Dataset items:
+++++

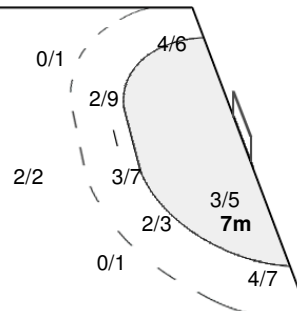

Defence

Goalkeepers Saves / Shots

0/4	0/5	0/3
1/3	1/1	5/7
0/9	2/8	3/7

1 KOFFIC

0/1	0/4	0/1
		0/1
0/3		

16 KANGAH G

0/3	0/1	0/2
1/3	1/1	5/6
0/6	2/8	3/7
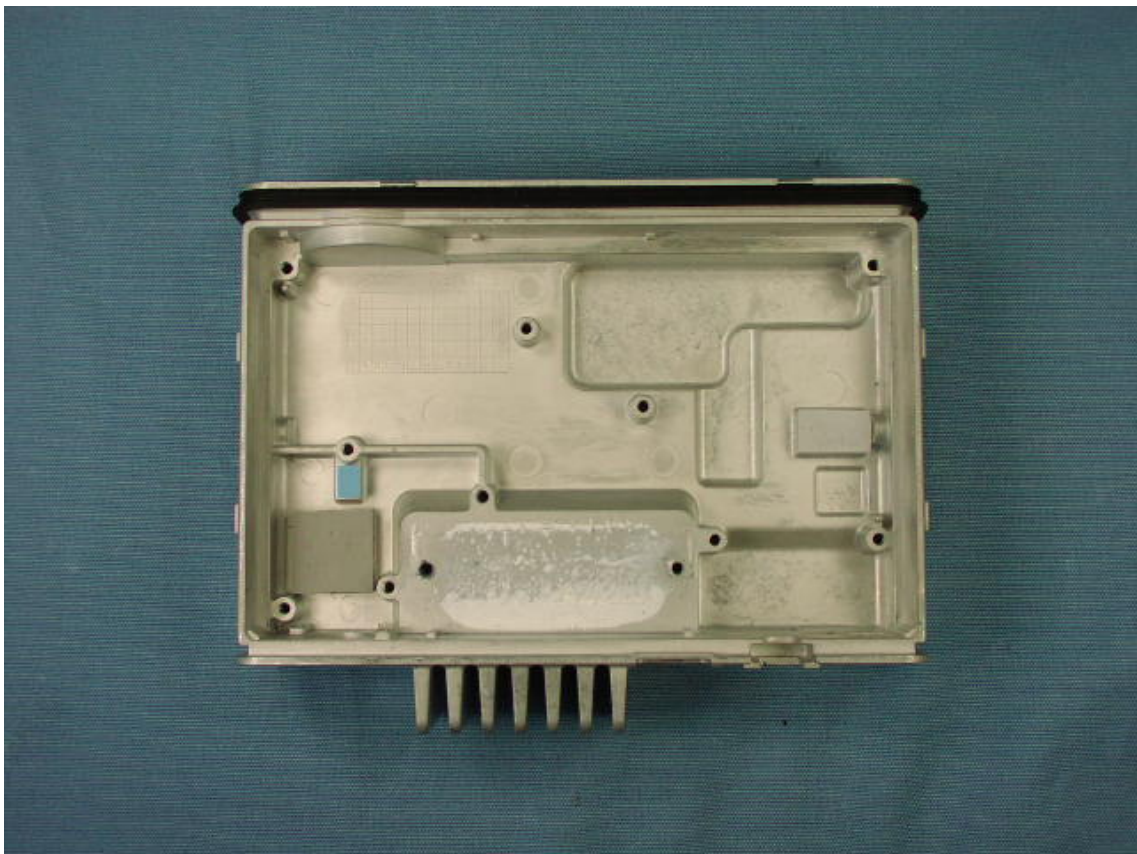

Removed top cover

Removed Shield Cover

Side-A of MAIN-Unit with shield case

Side-B of MAIN-Unit without shield case

Side-B of MAIN-Unit without shield case

Side-B of MAIN-Unit with shield case

Inside of FRONT panel with Unit and SP (VX-4500)

Side-A of FRONT-Unit and Rubber Key top (VX-4500)

Side-B of FRONT-Unit (VX-4500)

Inside of FRONT panel with Unit and SP (VX-4600)

Side-A of FRONT-Unit and Rubber Key top (VX-4600)

Side-B of FRONT-Unit (VX-4600)

Side-A of FRONT-Unit Without LCD (VX-4600)

Side-A of LCD (VX-4600)

Side-B of LCD (VX-4600)

Inside of FRONT panel (VX-4500)

Inside of FRONT panel (VX-4600)

Inside of chassis

Inside of microphone
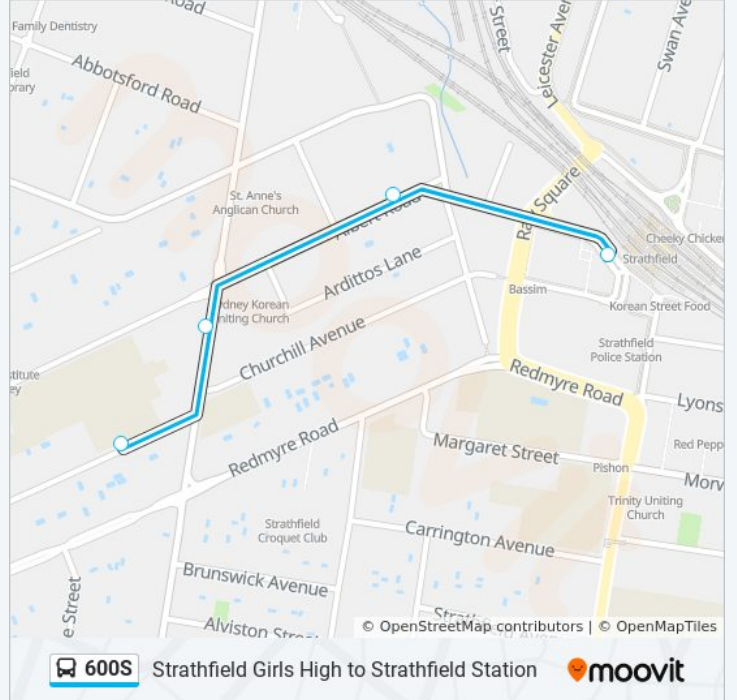

The 600S bus line Strathfield Girls High to Strathfield Station has one route. For regular weekdays, their operation hours are:

(1) Strathfield Stn (Sth Side): 15:15 - 15:17

Use the Moovit App to find the closest 600S bus station near you and find out when is the next 600S bus arriving.

Direction: Strathfield Stn (Sth Side)

4 stops

[VIEW LINE SCHEDULE](#)

Strathfield Girls High School, Oxford Rd, Stand C

Homebush Rd at Albert Rd

Albert Rd before Elva St

Strathfield Station, Albert Rd, Stand H

600S bus Time Schedule

Strathfield Stn (Sth Side) Route Timetable:

Sunday	Not Operational
Monday	15:15 - 15:17
Tuesday	14:50
Wednesday	15:15 - 15:17
Thursday	15:15 - 15:17
Friday	15:15 - 15:17
Saturday	Not Operational

600S bus Info

Direction: Strathfield Stn (Sth Side)

Stops: 4

Trip Duration: 7 min

Line Summary:

600S bus time schedules and route maps are available in an offline PDF at moovitapp.com. Use the [Moovit App](#) to see live bus times, train schedule or subway schedule, and step-by-step directions for all public transit in Sydney.
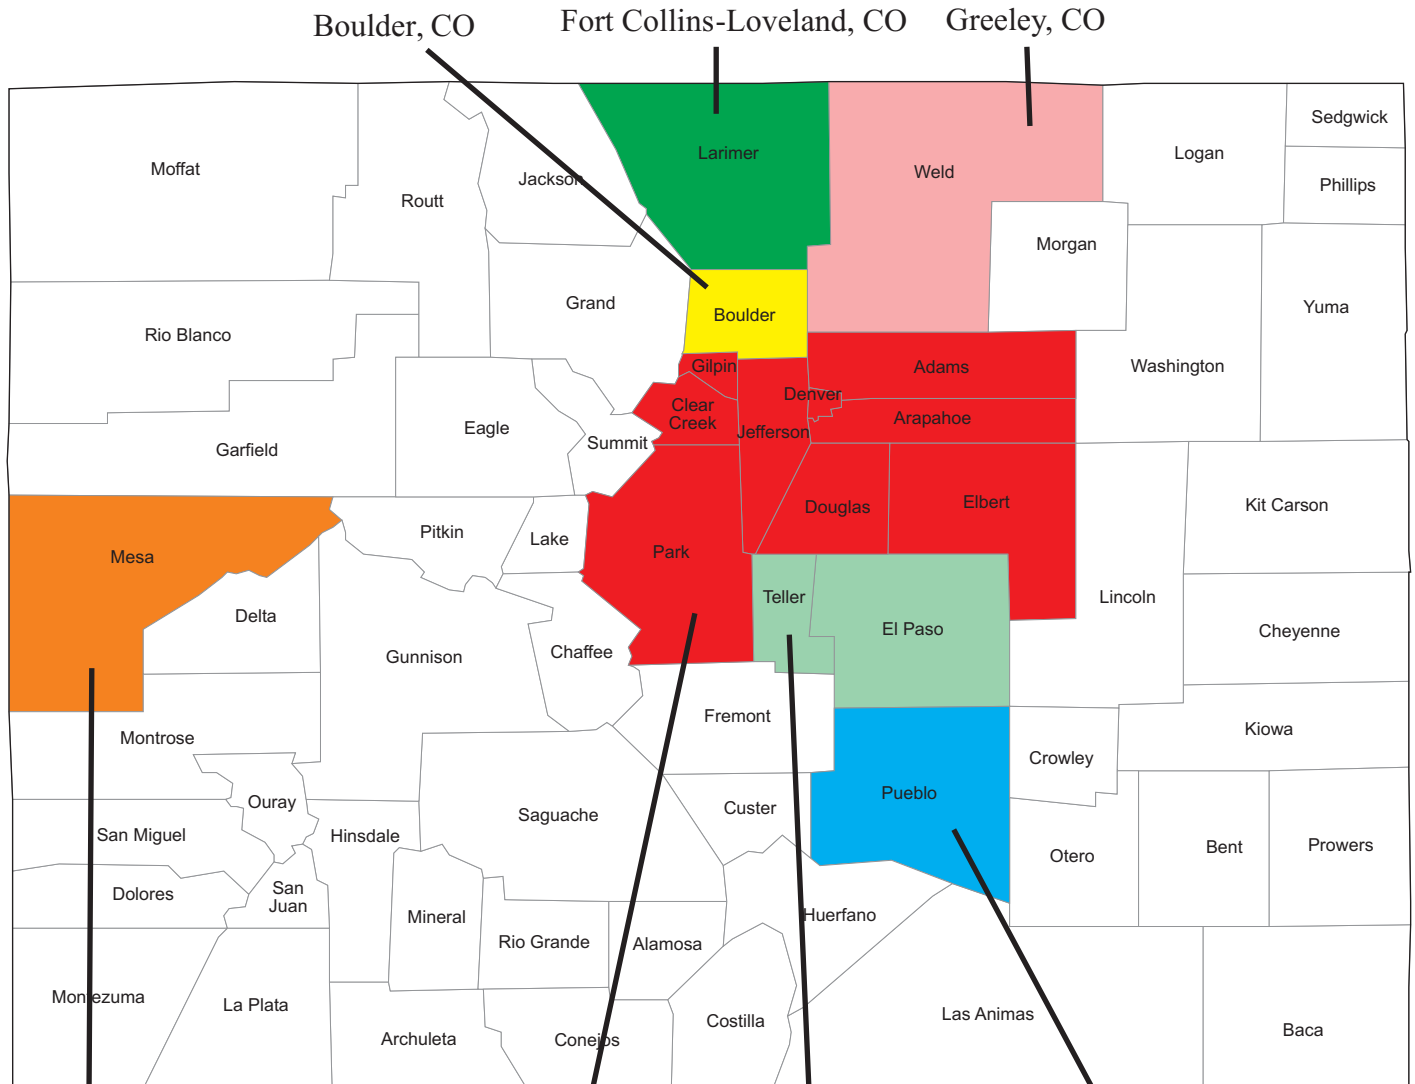

Colorado

Metropolitan Statistical Areas

Balance of area will appear on adjoining state map(s).

Grand Junction, CO Denver-Aurora-Broomfield, CO Colorado Springs, CO Pueblo, CO

Broomfield County, part of the Denver MSA, was created in November of 2001 and is not shown on this map.

Colorado

Micropolitan Statistical Areas

Balance of area will appear on adjoining state map(s).

As defined by the Office of Management and Budget January 1, 2017.
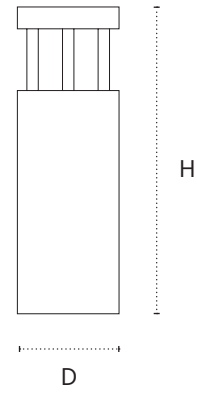

Tenor Console

Shown in hand carved Oak with tumbled brass

DIMENSIONS

55" L x 12.5" D x 33" H

TECHNICAL DETAILS

Wood

Hand carved Oak / Walnut / Brushed black Oak

Hardware
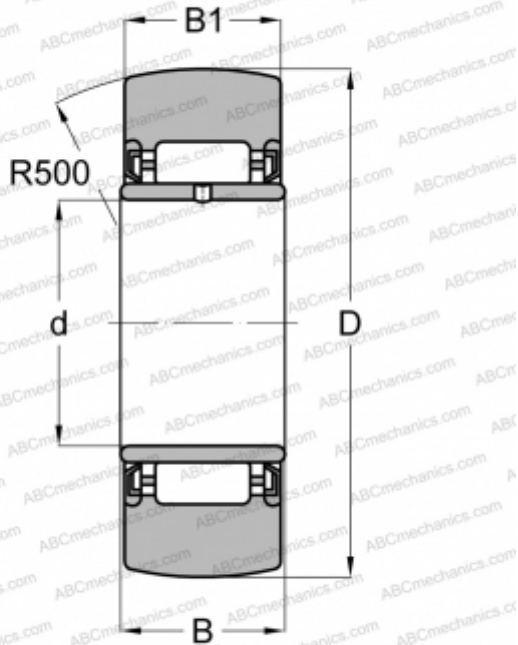

NAST 30 ZZUUR IKO

Yoke type track roller

TYPE: Roller bearings, Yoke type track rollers, Without axial guidance, With an inner ring, Outer ring without ribs, contact seals on both side, type NAST

Technical specification

DIMENSIONS, MM

d	30,000
D	62,000
B	25,000
B1	24,800

WEIGHT, KG

0,400

MANUFACTURER

[IKO](#)

CALCULATION DATA

Basic dynamic load rating, C	30,500 kN
Basic static load rating, Co	45,400 kN
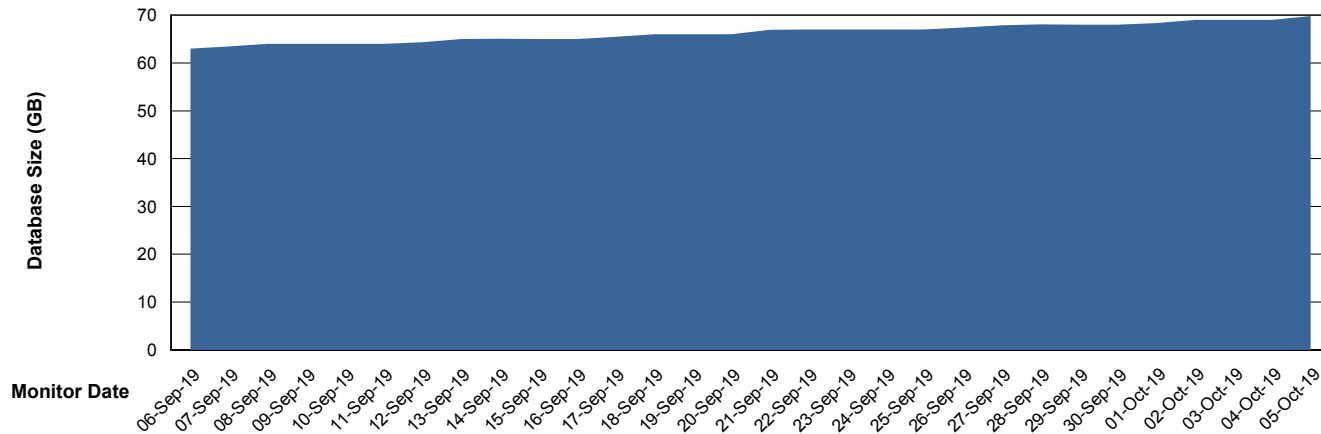

DATABASE SIZE LSS_ABSME_DB_LIODA4

Database growth over last month
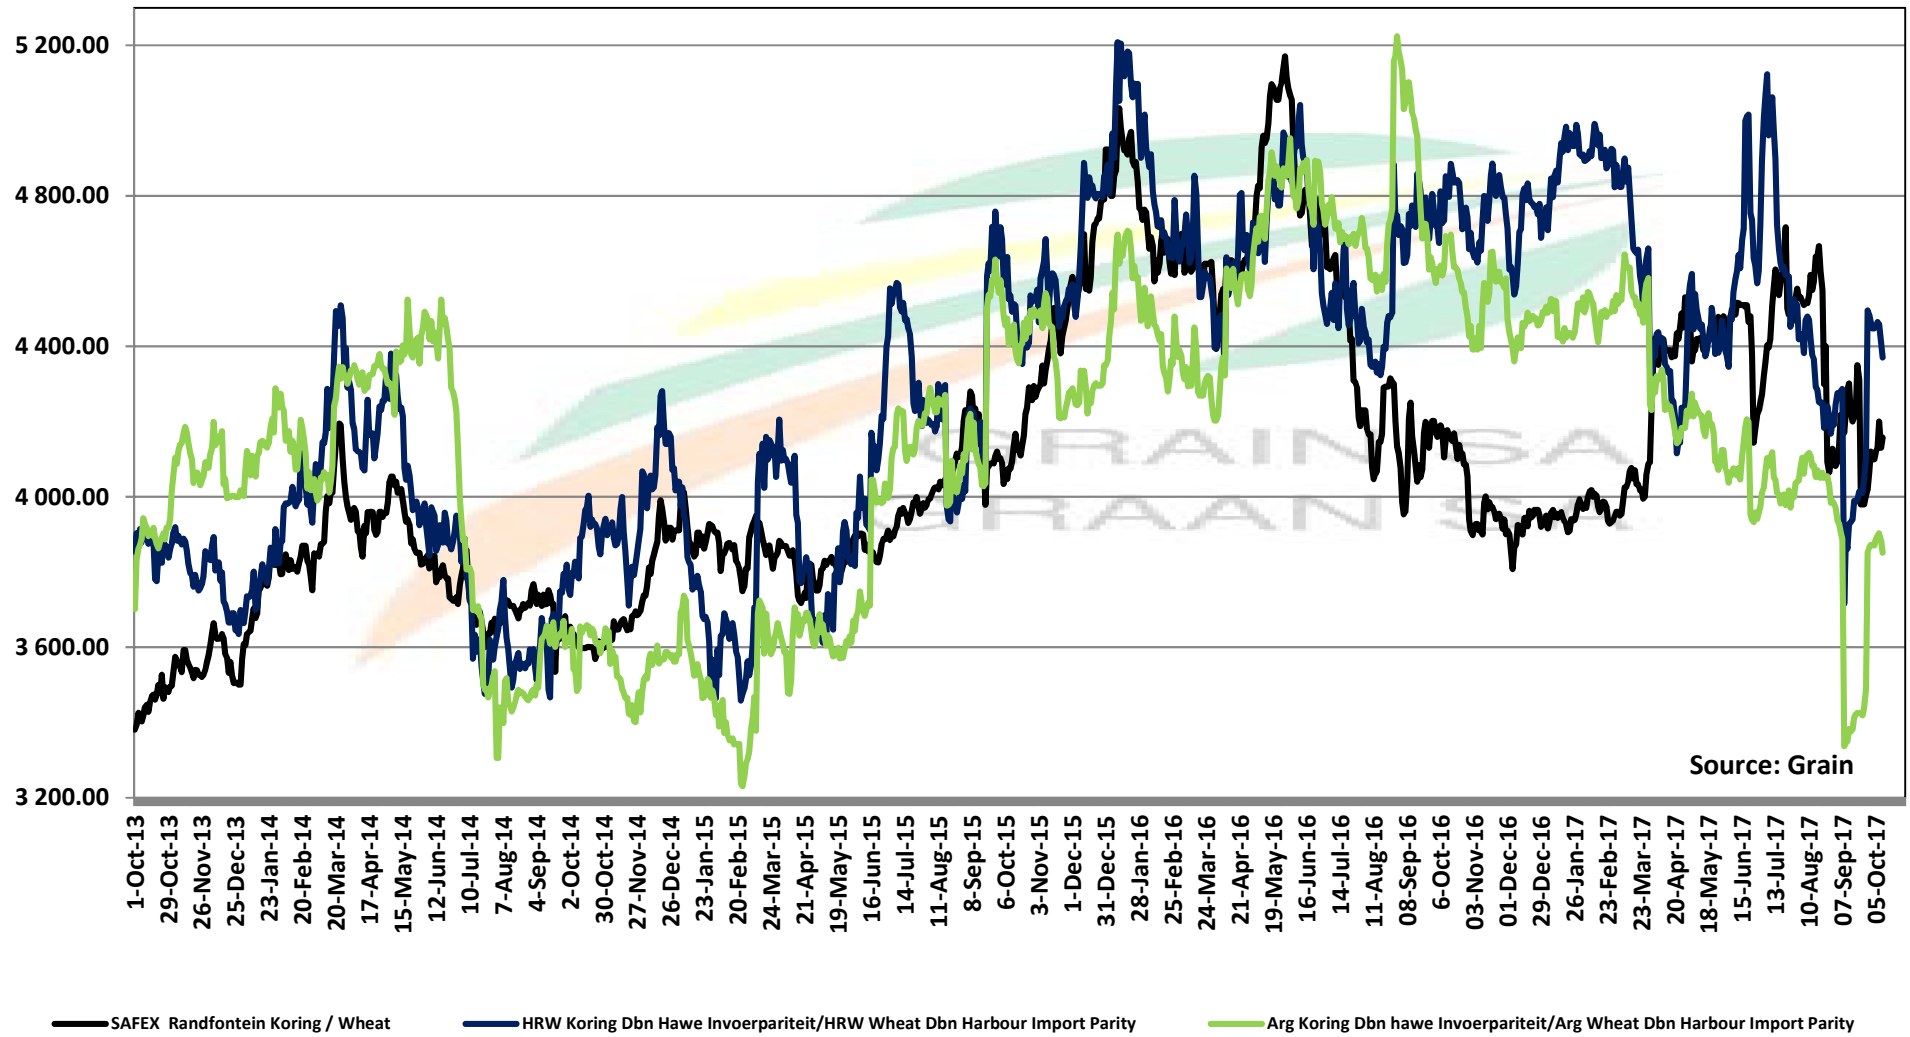

PRICES OF WHEAT DELIVERED IN DURBAN HARBOUR PRYSE VAN KORING VIR LEWERING IN DURBAN HAWE

Source: Grain
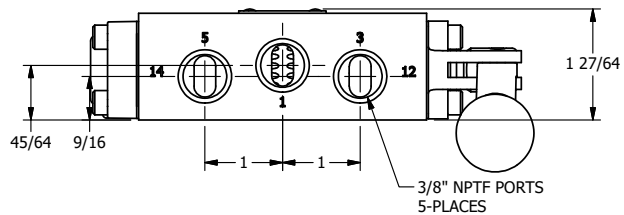

4

3

2

1

AAA
PRODUCTS
INTERNATIONAL

**AAA PRODUCTS
INTERNATIONAL**
7114 Harry Hines Blvd
Dallas, TX 75235

TITLE: 3/8" SIDE PORT, LEVER, 3 POS,
DTNT A, SPR CTR FROM C, REGEN CTR,
BENT LVR LEFT, 270D LEVER

DRAWING NO.:
DIM_HX3DBLRT
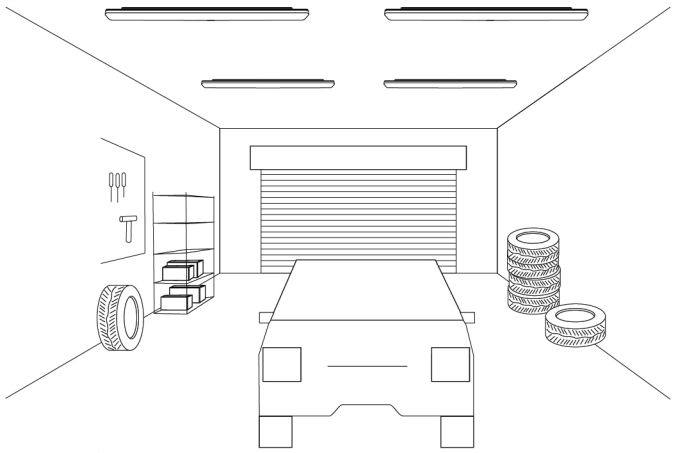

Technical data

	Size	Power	Lumens	Beam Angle	Efficacy	Driver	
1	Slice Circle 220	220mm	15W/10W switch	1500/1000lm	120°	100lm/W	Phase cut (Build-in), DALI (Build-in)
2	Slice Circle 270	270mm	24/18/10W switch	2400/1800/1000lm	120°	100lm/W	
3	Slice Circle 270 | Recessed Frame	270mm	24/18/10W switch	2400/1800/1000lm	120°	100lm/W	
4	Slice Circle 400	400mm	32/24W switch	3200/2400lm	120°	100lm/W	
5	Slice Circle 600	600mm	55/38W switch	5500/3800lm	120°	100lm/W	
6	Slice Sqaure 210	210mm	15/10W switch	1500/1000lm	120°	100lm/W	
7	Slice Sqaure 260	260mm	24/18/10W switch	2400/1800/1000lm	120°	100lm/W	
8	Slice Sqaure 400	400mm	32/24W switch	3200/2400lm	120°	100lm/W	
9	Slice Long 900	900mm	32/24W switch	3200/2400lm	120°	100lm/W	
10	Slice Long 1200	1200mm	38/29W switch	3800/2900lm	120°	100lm/W	
11	Slice Long 1500	1500mm	50/40W switch	5000/4000lm	120°	100lm/W	

General

Finishes

- ☐ White
- ☐ Black
- ☐ Silver

Material Polycarbonate

IP Rating IP54

Lifespan L80/50,000h

Warranty 5 Years

LED

CCT 3000K/4000K switch

CRI >90

SDCM <3

UGR <23

Electrical

Mounting

- Surface mounted
- Wall mounted
- Wire Suspension (2m)
- Recessed

Function

- Motion sensor
- Emergency light (180 mins @ 4W)
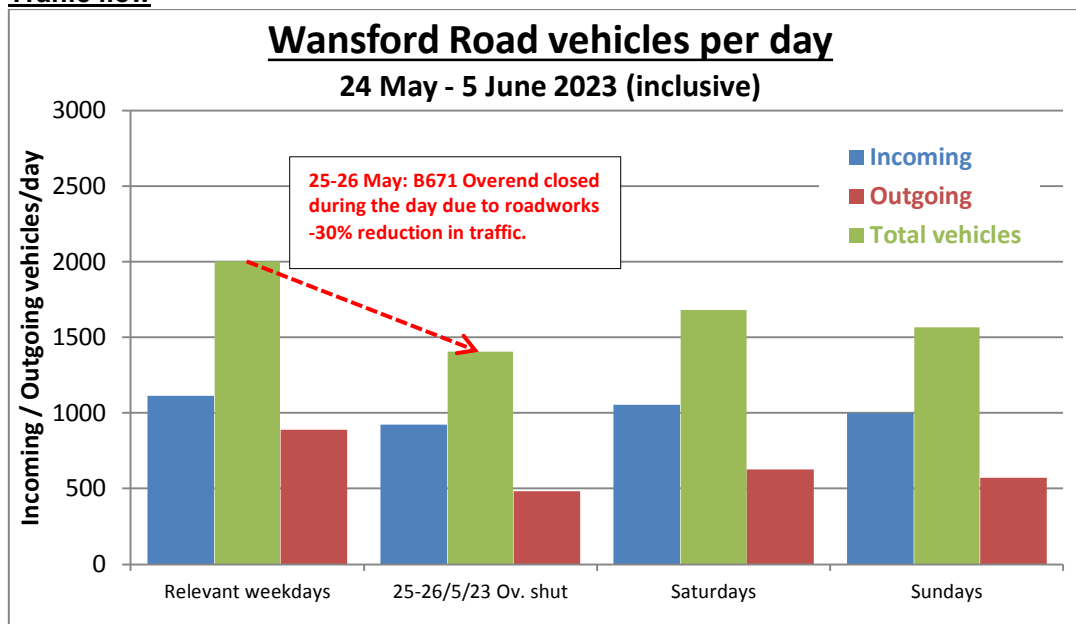

### Elton Community Speedwatch Report

So far, there has only been one roadside session in June by Elton Speedwatch.

| Date        | Time        | Location      | Vehicles counted | Vehicles speeding at <u>35 mph</u> or faster | Fastest speed detected |
|-------------|-------------|---------------|------------------|--|------------------------|
| 5 June 2023 | 08:00-09:00 | Highgate Hall | 90               | 6  | 42 mph                 |

There will be four further one-hour roadside sessions throughout June 2023.

### Traffic speeding

Wednesday, 24 May to Tuesday, 6 June 2023, Wansford Road

| Vehicle Speed             | Inbound from Wansford Road |             | Northbound heading out of Elton |            | Total vehicles |            |
|---------------------------|----------------------------|-------------|---------------------------------|------------|----------------|------------|
|                           | per day                    | %           | per day                         | %          | per day        | %          |
| All vehicles              | 1055                       |             | 737                             |            | 1,793          |            |
| <b>30 mph or slower</b>   | <b>650</b>                 | <b>62%</b>  | <b>133</b>                      | <b>18%</b> | <b>783</b>     | <b>44%</b> |
| Faster than 30 mph        | 405                        | 38%         | 604                             | 82%        | 1010           | 56%        |
| <b>Faster than 35 mph</b> | <b>207</b>                 | <b>20%</b>  | <b>380</b>                      | <b>52%</b> | <b>587</b>     | <b>33%</b> |
| <b>Faster than 40 mph</b> | <b>83</b>                  | <b>7.9%</b> | <b>153</b>                      | <b>21%</b> | <b>237</b>     | <b>13%</b> |
| <b>MAXIMUM SPEED</b>      | <b>66 mph</b>              |             | <b>68 mph</b>                   |            |                |            |

+++++

The first line of the entries, the line containing "Side-B of FRONT-Unit (VX-4500)", and every line between them are to be output exactly; pictures are not.

Task solution:
Defence

Goalkeepers Saves / Shots

0/4	0/5	0/3
1/3	1/1	5/7
0/9	2/8	3/7

1 KOFFIC

0/1	0/4	0/1
		0/1
0/3		

16 KANGAH G

0/3	0/1	0/2
1/3	1/1	5/6
0/6	2/8	3/7

Removed top cover

Removed Shield Cover

Side-A of MAIN-Unit with shield case

Side-B of MAIN-Unit without shield case

Side-B of MAIN-Unit without shield case

Side-B of MAIN-Unit with shield case

Inside of FRONT panel with Unit and SP (VX-4500)

Side-A of FRONT-Unit and Rubber Key top (VX-4500)

Side-B of FRONT-Unit (VX-4500)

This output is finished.